BatshitCrazyWoman Wed 27-Nov-19 13:38:10

OP, is your DC going to live with you until you are too old to look after then? What are the longterm plans (has this been discussed at school review/transition meetings? I have an adult DC with a severe learning disability - DC went to residential college after (special) school, and then into a supported living placement (with the usual fight to get what DC needed, as us familiar to those of us with disabled DC!). I could then work, and it's way better for DC. I think you will need to look at a long term plan for your DC, and at all the options.

The care I gave my DC (and the fact that I couldn't work) was reflected in my divorce settlemeny.

BatshitCrazyWoman Wed 27-Nov-19 13:39:12

Couldn't work until DC was in a placement, I mean!

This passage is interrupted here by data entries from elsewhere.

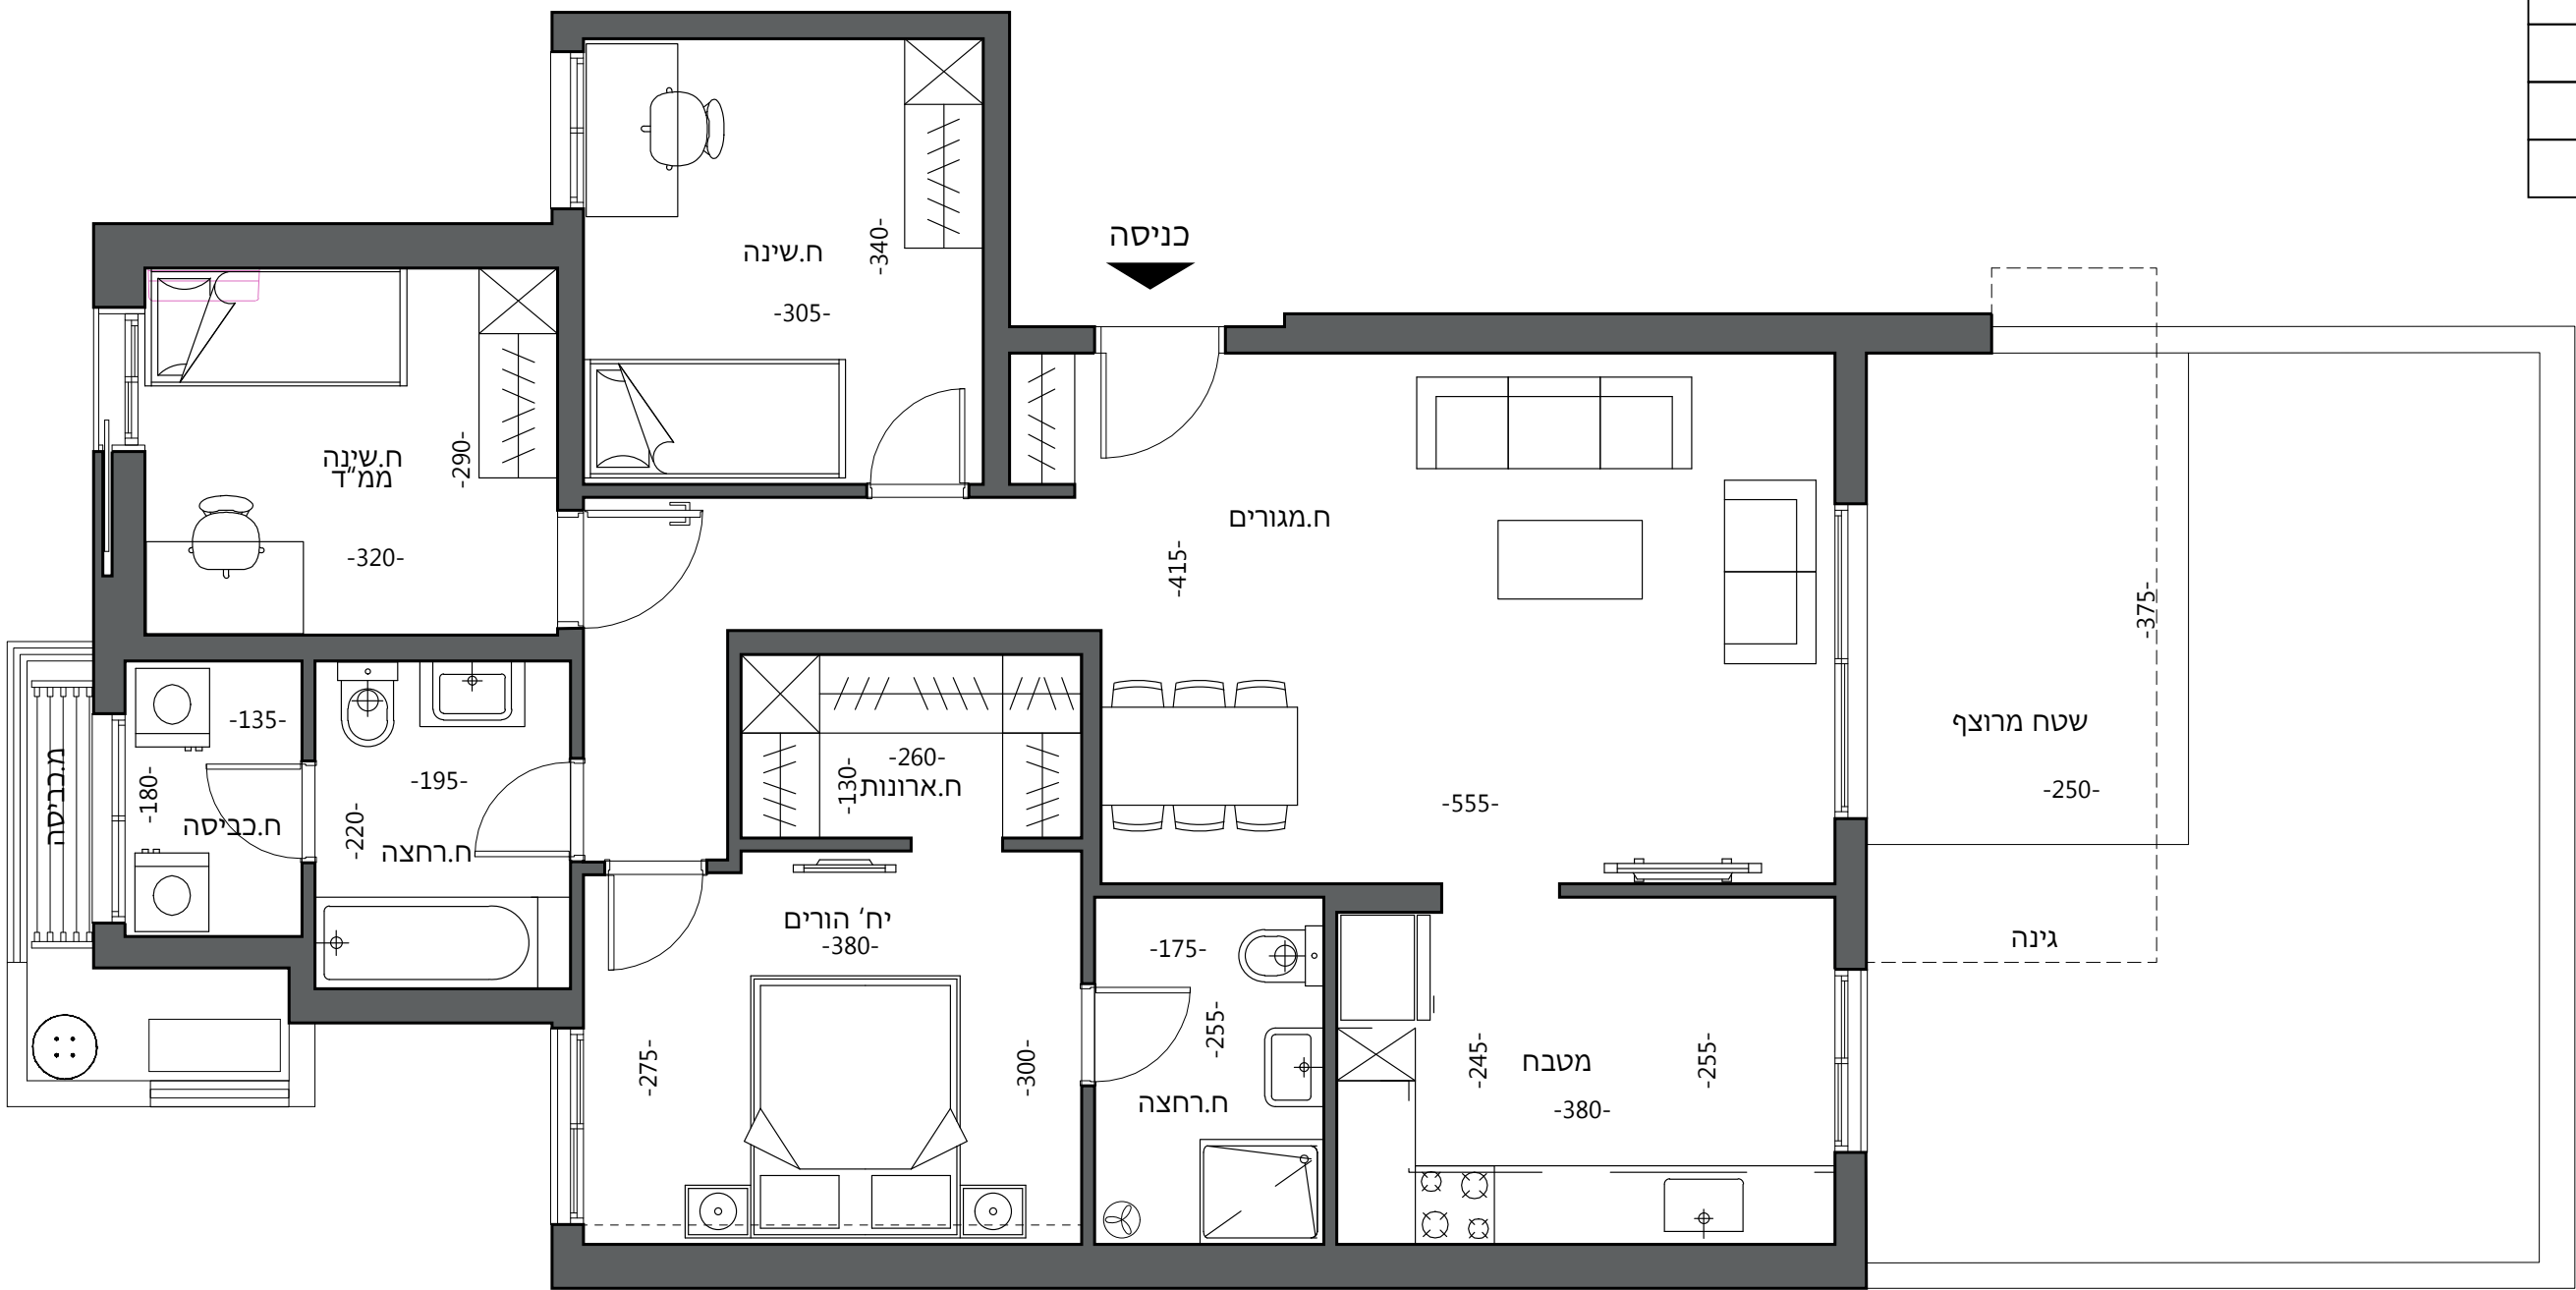

**דירת גן
 4 חדרים**

מגרש:	487-A
בניין:	A
קומה:	1
דירה:	26
מראה:	3

מובהר כי ההדמייה הינה לצרכי המחשה בלבד ואינה מהווה כל מייצג מחייב מצד החברה, תוכנית זו הוכנה לפני קבלת היתר בניה, את החברה תחייב אך ורק תוכנית המכר אשר תחתם בחוזה. ט.ל.ח.

dorothysredshoes Wed 27-Nov-19 21:19:26

My son is in mainstream with 1-1. Academically he could maybe go to university but all the other stuff to do with life is hard for him so I really have no idea what he will do post 18. That's why it's hard to plan for the future. He's under CAHMS and if anything starts going wrong in life he gets very upset and I have to support him. I want to continue to work part time which will give me the time to support him and hopefully get him on a pathway to independence. My husband is minimising his needs now, saying he's fine, he can leave home and doesn't want to put in writing any post 18 financial support for him.

OP’s posts: |
dorothysredshoes Wed 27-Nov-19 21:20:47

Don't know anything about adult services or supported living as have solely been focused on surviving school. Planning the divorce has now focused the mind onto this aspect of his life.

OP’s posts: |
clpsmum Fri 13-Dec-19 01:12:02

Watching with interest

Palaver1 Fri 20-Dec-19 07:00:17

If your son needs 1 to 1 there is the likelihood that he will need support for the future especially if he gets to adolescences.
It doesn’t matter what your husband says .your son is vulnerable and that is what you stick to .
It will make a difference to the way the proceed from the divorce are looked at do not sell you child’s future short once it’s over you’ll be the sole carer.